FDA Considers Shift Towards More OTC Drugs

As we touched on last month, the FDA is in the process of exploring new ways to make drugs for common conditions available on a wider basis, namely by approving drugs that would otherwise require a prescription for over-the-counter (OTC) distribution under certain conditions.  The agency is seeking input from consumers, pharmacists, members of the health care community, regulated industry, and insurers on the feasibility of the initiative, and what types of evidence would be needed to demonstrate that certain drugs could be used safely and effectively in an OTC setting.

Some medical experts in the U.S. note the unwillingness of people to take certain medications as prescribed, which in turn has undermined effective treatment of conditions, including high blood pressure.  For instance, the FDA said that about a third of those with high blood pressure stop taking their medication, which can adversely affect their health.  The agency believes that if people with long-term conditions were given more choice over their treatments, adherence to medicines would increase.

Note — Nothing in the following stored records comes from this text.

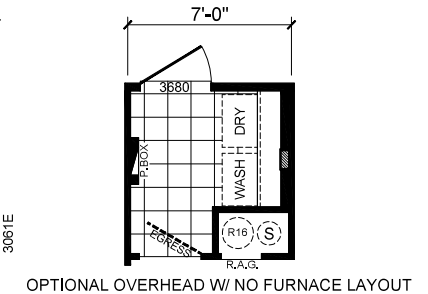

*OPT. OVERHEAD DUCT AVAILABLE WITH ENERGY STAR ONLY

FACTORY SELECT HOMES
19280 Cortez Blvd.
Brooksville, FL 34601

FactorySelectHomes.com | 1-800-716-6337

IMPORTANT: Alta Cima Corp reserves the right to modify, cancel or substitute products or features of this event at any time without prior notice or obligation. Pictures and other promotional materials are representative and may depict or contain floor plans, square footages, elevations, options, upgrades, extra design features, decorations, floor coverings, specialty light fixtures, custom paint and wall coverings, window treatments, landscaping, sound and alarm systems, furnishings, appliances, and other designer/decorator features and amenities that are not included as part of the home and/or may not be available at all locations. Home, pricing and community information is subject to change, and homes to prior sale, at any time without notice or obligation. ©2020 Alta Cima Corp. All rights reserved.

MANUFACTURED BY:

I authorize Factory Select Homes to build my house, per this plan.

X _____
Customer Signature/Date

OTC drugs are generally less potent than prescriptions drugs and treat short-term conditions like mild pain, the common cold and allergies.  However, making prescription drugs available as OTC creates some risks.  Patients taking more than one drug increase their risk of experiencing harmful side effects.  Currently patients on a multi-drug regimen may be overburdened.  According to a Consumer Healthcare Products Association (CHPA) survey, 92% of Americans believe that OTC medicines are safe and effective.  But deaths due to unintentional drug overdoses have increased roughly five-fold since 1990 and the risk of all adverse reactions, including serious and even life-threatening complications, goes up dramatically with the more drugs taken. 

Combining less potent OTC versions with other non-related OTC and prescription drugs means patients will need to understand complex aspects of their disease, or exactly when to take a drug to ensure safe use.  A typical OTC drug may cause easily recognized symptoms such as a headache or runny nose, and comes with only a factbox or pamphlet.  But taking cholesterol-lowering drugs called statins , for example, require knowledge about a person’s elevated or abnormal levels of fat in the blood, known as lipids.

Communication about adverse events – which are typically higher in prescription medicines – which would usually be spoken about with a doctor.  Thus, the concern that allowing patients to “self-prescribe” separates them from appropriate medical care.  A shift towards an OTC model would need to take this into consideration.  The FDA will also likely have to rework a number of its rules to accommodate an OTC paradigm.  Additionally, the agency has acknowledged that other issues are:

  • liability concerns;
  • disruption of work flow for often overburdened pharmacists; and
  • equipment costs, and questions about health insurance reimbursement.

 What will happen remains to be seen, but we can assure you it will be interesting to see how it unfolds.

Comments

  1. L. A. Schmitt says:

    One can’t help but wonder whether the insurance industry is advocating for this change. Changing commonly used prescription medications for serious health concerns to OTC likely transfers the financial burden for medications from insurance companies to the patient, creating a windfall for insurance companies, and a significantly increased financial obligation to patients.